Exercise prompt
Can you quote exactly the stretch of lines from the one with "PLAC KOLEGIACKI 4/8" through the final line of the material, both ends included?

Information shown
****************************************

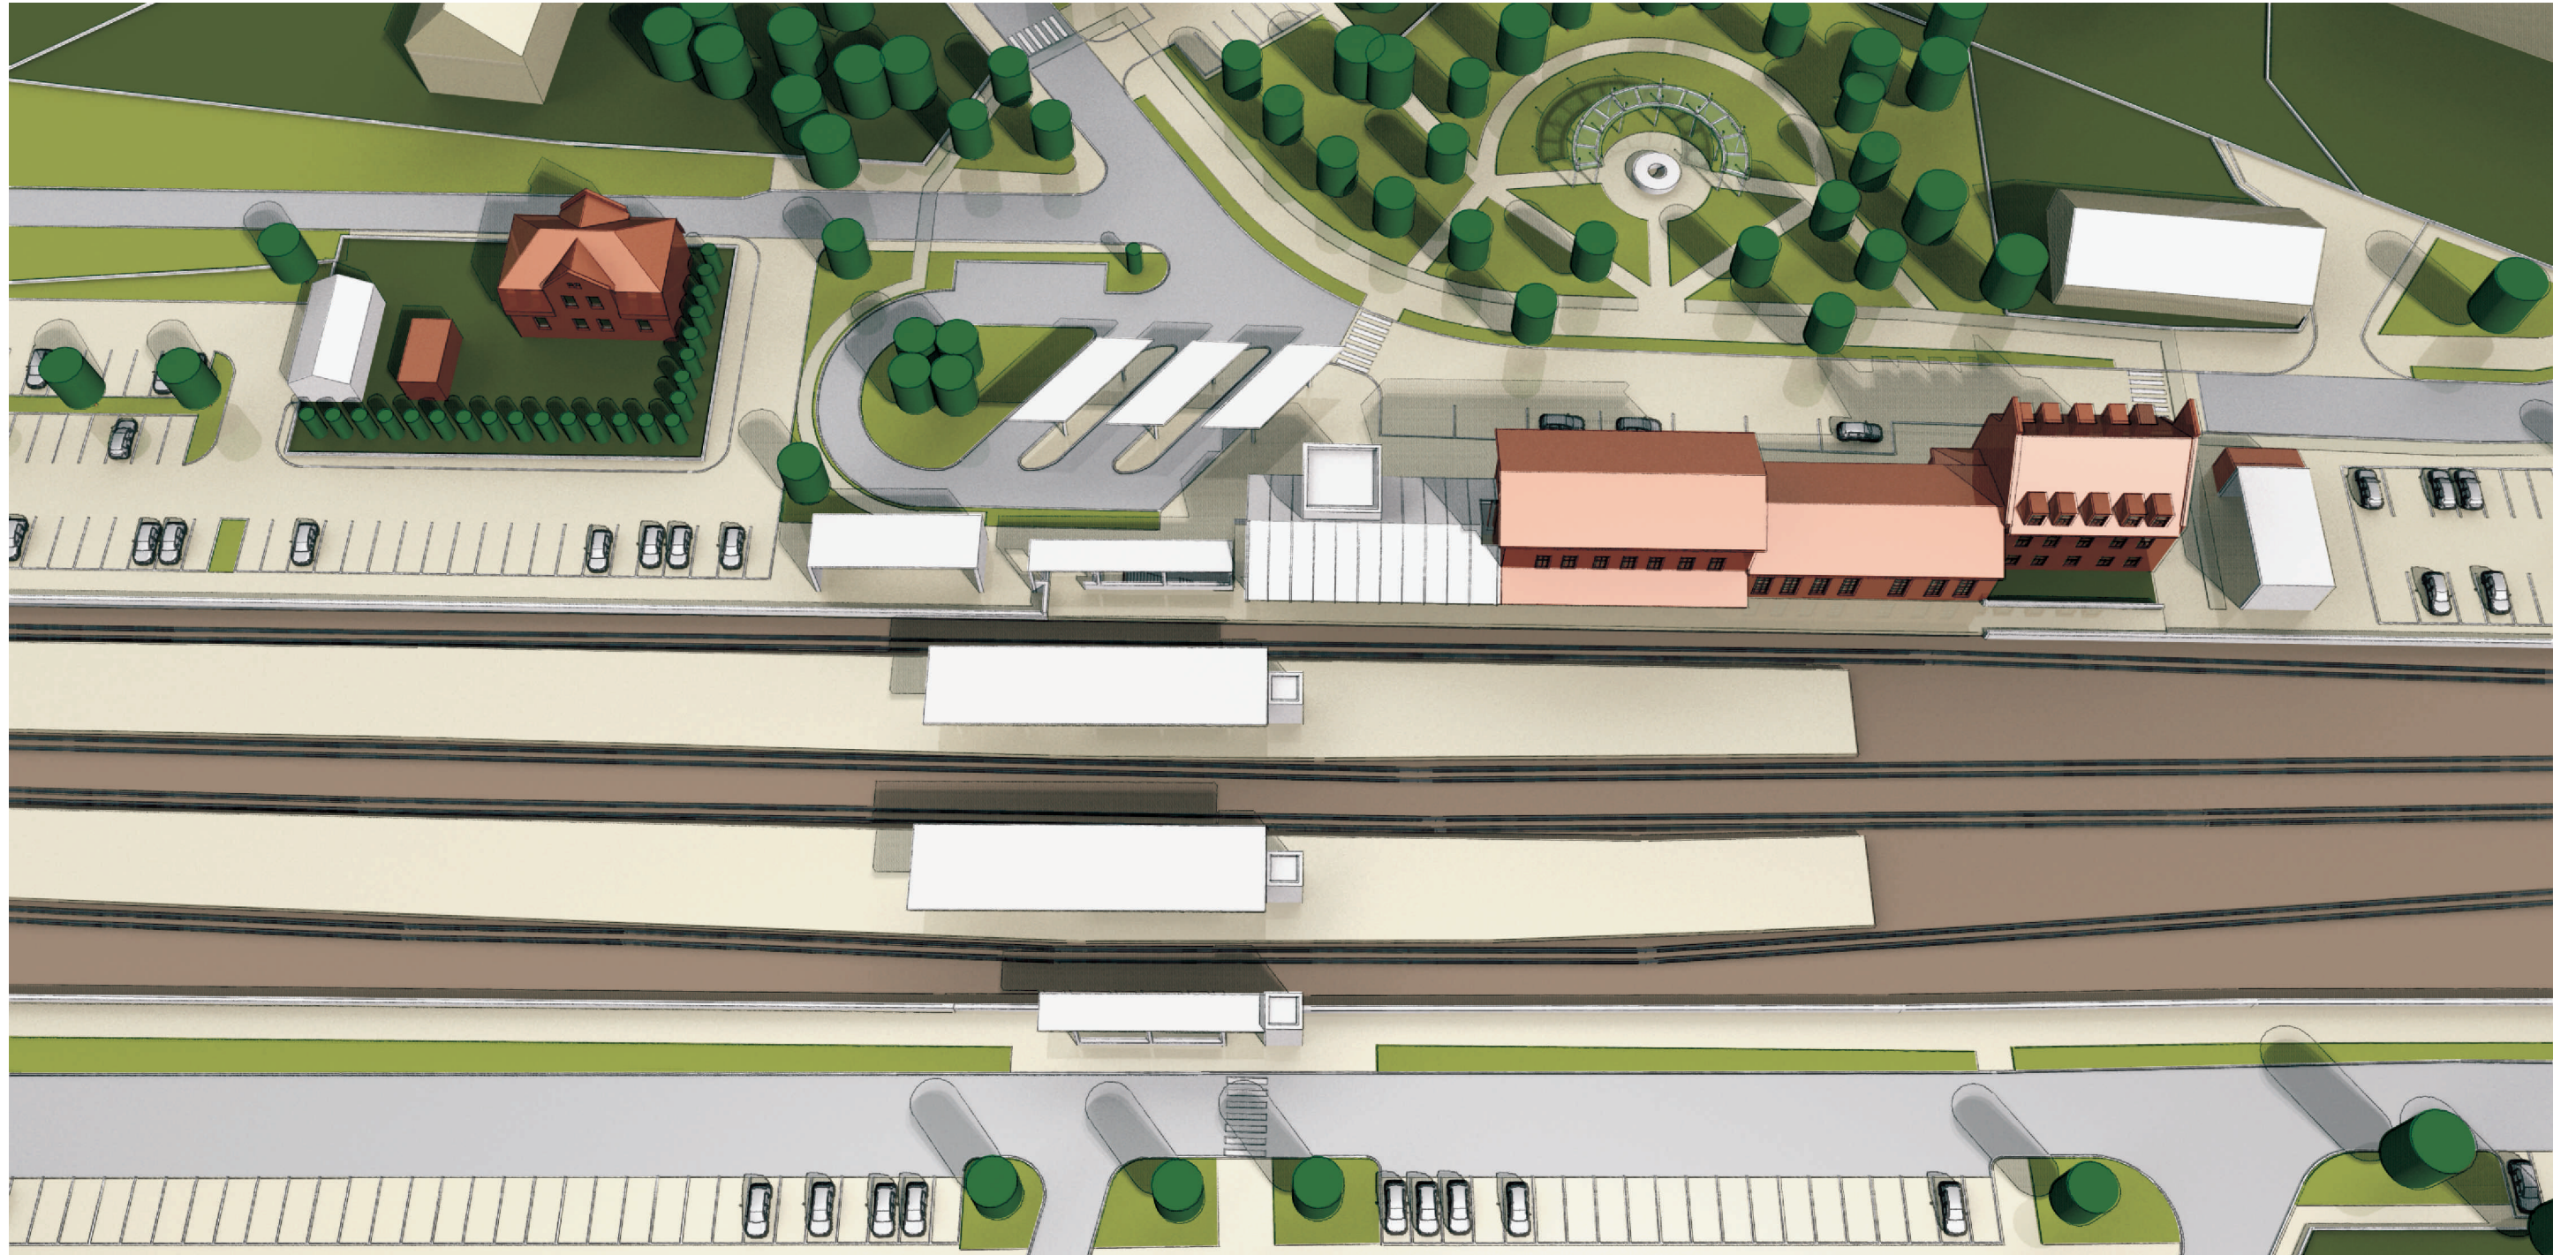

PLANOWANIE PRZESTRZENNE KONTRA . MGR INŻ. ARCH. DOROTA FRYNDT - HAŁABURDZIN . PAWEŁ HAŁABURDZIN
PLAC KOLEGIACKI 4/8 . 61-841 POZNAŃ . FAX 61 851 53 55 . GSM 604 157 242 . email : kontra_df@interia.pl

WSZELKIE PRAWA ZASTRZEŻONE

****************************************

Written solution
PLAC KOLEGIACKI 4/8 . 61-841 POZNAŃ . FAX 61 851 53 55 . GSM 604 157 242 . email : kontra_df@interia.pl

WSZELKIE PRAWA ZASTRZEŻONE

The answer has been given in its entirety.